#### Work to complete
At the line with "Lådmått 2: höger", start repeating the data, and continue line by line through the final line, exactly.

#### Collected data entries
==========
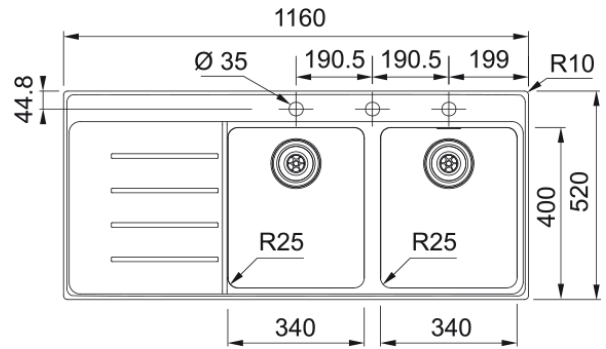

MYX 221H TL 3 1/2" I V-LÅS, EASY TOUCH | 127.0638.910

Teknisk data

Egenskaper

Diskbänkstyp	Diskbänk
Material	Rostfritt stål
Antal lådor	2
Färg	Stål
Yta	Borstad

Dimensioner

Yttermått: vänster till höger	1160.0
Yttermått: front till baksida	520.0
Lådmått 1: höger till vänster	340.0
Lådmått 1: front till baksida	400.0
Lådmått 1: djup	200.0
Lådmått 2: höger till vänster	340.0
Lådmått 2: front till baksida	400.0
Lådmått 2: djup	200.0

Installation

Min. skåpsstorlek	80 cm
-------------------	-------

Produktspecifikation

Installationstyp	Planmontage
Avloppshål	Integrerat
Position avrinningsyta	Vänster

Artikelnummer

Märke	FRANKE
Produktkategori	Mythos
Modellutbud	Mythos
Godkännande märke	CE
Godkännande märke	UKCA
==========
#### Result for this task
Lådmått 2: höger till vänster	340.0
Lådmått 2: front till baksida	400.0
Lådmått 2: djup	200.0

Installation

Min. skåpsstorlek	80 cm
-------------------	-------

Produktspecifikation

Installationstyp	Planmontage
Avloppshål	Integrerat
Position avrinningsyta	Vänster

Artikelnummer

Märke	FRANKE
Produktkategori	Mythos
Modellutbud	Mythos
Godkännande märke	CE
Godkännande märke	UKCA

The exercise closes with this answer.